His depiction of his life in those days is told with a gritty and raw honesty. Puffed up with pride and anger he became a 24/7 addict.  Although he was married twice, he held women with no regard or respect. After concerts his bus would be freshly stocked with women only for him to use them quickly for sex and literally throw them off the bus after like used garbage. He became a mean and violent tempered jerk and all his relationships suffered because of it, especially the ones with his band mates. He wrangled with sleepless nights, intoxicating himself as a measure to quiet the inner demons that taunted him and pointed to his guilty life. One horrific evening, he came close to almost killing his girlfriend Dena and could not even remember the details of it. He had little relationship with his two young daughters. He was so wasted he would scrounge around hotel hallways eating the leftovers out of other people’s room service trays. His body, so devastated by years of abuse, he could no longer control his bodily functions and would wet himself several times a day. Fieldy may have been the master of the rock world but he was no longer the master of his life. The wide road he chose of the fast-paced lifestyle promised him endless fun and insulation from pain but that road, as the Bible is quick to point out, is the one that leads to death – and Fieldy knew it. It took a tragic turn of events before he would wake up and realized he was feeding the wrong dog.
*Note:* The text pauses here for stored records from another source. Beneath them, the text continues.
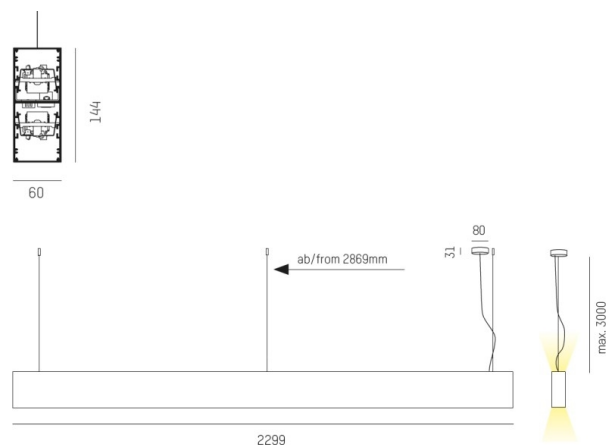

LOG OUT UP & DOWN

581-431108mp

LOG OUT UP/DOWN PDI SUSPENSION en profilé d'aluminium extrudé, nature anodisé, diffuseur microprismatique en PMMA pour une réduction optimale de l'éblouissement émission direct/indirect, avec driver, gradation: non dimmable, câble d'alimentation transparent, adaptateur/patère argent, longueur de suspension 3000mm, IP20

ILLUSTRATION

DONNÉES TECHNIQUES

Puissance système [W]	108
Source lumineuse	LED
Flux lumineux [lm]	9860
Température de couleur [K]	4000K
IRC	>80
Optique	diffuseur microprismatique
Driver	avec driver
Gradation	non dimmable
Emission de lumière	direct/indirect
Tension [V]	220-240V 50/60Hz
Matériel	profilé d'aluminium extrudé
Longueur [mm]	2299
Largeur [mm]	60
Hauteur [mm]	144
Longueur de câble [mm]	3000
Indice de protection [IP]	IP20
Classe de protection	classe de protection I
Poids net [kg]	12,93
Couleur luminaire	nature anodisé
Couleur adaptateur/patère	gris
Câble d'alimentation	transparent
N° EAN	9008905216107
Durée de vie [h]	L80 B10 50 000

COURBE PHOTOMÉTRIQUE

Les valeurs indiquées sont des valeurs assignées. La puissance et le flux lumineux sous soumis à une tolérance d'environ 10 %. Tolérance de la température de couleur : +/- 150 K. Sauf indication contraire, les valeurs s'appliquent à une température ambiante de 25 °C.
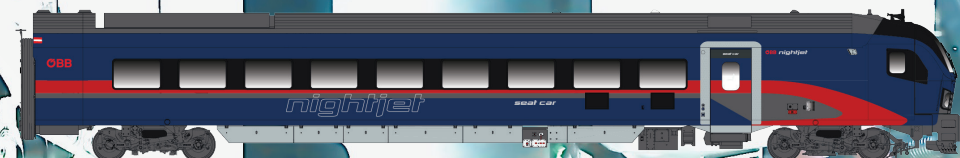

...VON DEN NACHTZUG-EXPERTEN

MW2403 DC / AC Die neue Nightjet Generation

Verfügbar = IV-2024

Inklusive Innenbeleuchtung

Preis DC = 995.00

Preis AC = 1045.00

Steuerwagen mit Lichtwechsel weiß/rot, im Digitalbetrieb Darstellung aller Lichtfunktionen und separat schaltbare Führerstandsbeleuchtung.  
Vorbildgerecht unterschiedliche Drehgestelle in Mittel- und Steuerwagen.  
Detaillierte Darstellung der Wagenübergänge.  
Mehrteilige, mehrfarbige Inneneinrichtung.  
Fenster individuell mit Vorhängen bestückbar.

**railjet**

2025

**MW2302 DC / AC NJ403 Zürich - Amsterdam**

**Preis = 799.00 Verfügbar = III-2024**

Bvcmbz 248.5 BTE/Nightjet

WLABmz AB33s/T2S BTE/Nightjet **Neukonstruktion**

Bvcmbz 249.1 BTE/Nightjet

WLABmz AB33s/T2S BTE/Nightjet **Neukonstruktion**
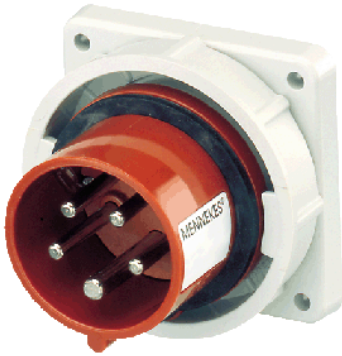

- 834

 ()

Ampere	32 A
	5 .
	400 B
	6
	50-60
T	
	IP 67

Чертеж 2 MB 187/2	A Полоса	16			32		
		3	4	5	3	4	5
Размеры, мм.	a	85,7	85,7	85,7	85,7	85,7	85,7
	b	85,7	85,7	85,7	85,7	85,7	85,7
	c	72	72	72	90	90	90
	d	69,5	69,5	69,5	69,5	69,5	69,5
	e	69,5	69,5	69,5	69,5	69,5	69,5
	f	5,5	5,5	5,5	5,5	5,5	5,5
	g.	11	11	11	11	11	11
	g.1	2	2	2	2	2	2
	l	32	36	47	47	47	47
	s	71	79	89	94	94	102
Клеммы для кабеля сечением от до мм²		1,5	1,5	1,5	2,5	2,5	2,5
		-4	-4	-4	-10	-10	-10

When his father became ill with cancer, Fieldy was convinced that all of his money and power could save his “superhero”. Becoming a Christian 18 years prior had made a remarkable difference in his dad’s life.  There were times he would attempt to talk to Fieldy about his faith but could see that it was pushing him away. Instead his dad chose not to judge him but to continue to love him unconditionally.  He would tell him, “Son, there’s only one gift in this world that never fails…and that’s love.” He never forgot those words. Fieldy was with his dad every day at the end. When his dad took his last breath, Fieldy was devastated. Through the tears, his step-mom Mindi turned to him and said, “There’s one thing your dad wanted more than anything else in this world, Reggie.  And that was for you to accept Jesus Christ into your heart.”  Mindi prayed with him but he didn’t understand what the words meant.  Those words, however, touched his heart and began to change his life in ways he could never have imagined.  “In his death,” says Fieldy,” he gave me the most amazing gift a father could leave to his son.  He opened my eyes.”

From that time on Fieldy no longer had a desire to drink and do drugs. He threw all his pot down the toilet. He prayed to God to help him clean up his life and started to read the Bible every day. Miraculously, after twenty years of filling his mind and body with toxins day and night, he did not have withdrawal symptoms. After sobering up he began dealing with all the guilt and fall-out from his bad behavior.  He apologized and begged forgiveness from everyone. In the book he even wrote letters of apology to his band mates.  Most important was seeking the forgiveness of the one woman he had grown to love, his girlfriend Dena. Despite their turbulent past, their relationship began anew and they wed a year later. God blessed their union that night with a baby boy they named Israel. Unlike “Head”, Fieldy decided to continue on with Korn. He feels called to stay with the band and impact others through the example of his own changed life. Like his father, he chooses to love and accept people where they are at. “When you’re living a real life full of unconditional love and peace, people will want what you have. You don’t have to go to them and say, ‘Do you know what you need?’ It doesn’t work that way…no one wants to be told what to do.” Clearly God is lifting up men such as Fieldy and Head to minister to a new audience that might not otherwise seek Him; men who are familiar with their world and grapple with the same vices. With a testimony as strong as his, he will no doubt have an impact on the music industry and legions of fans. One of those fans summed up his book best when stating:  “It is an awesome chronicle of Fieldy’s journey  from the emptiness of ‘having everything he could ever want’ to having the ‘One’ who gives everything…what a gift this man and his story is to the metal world.”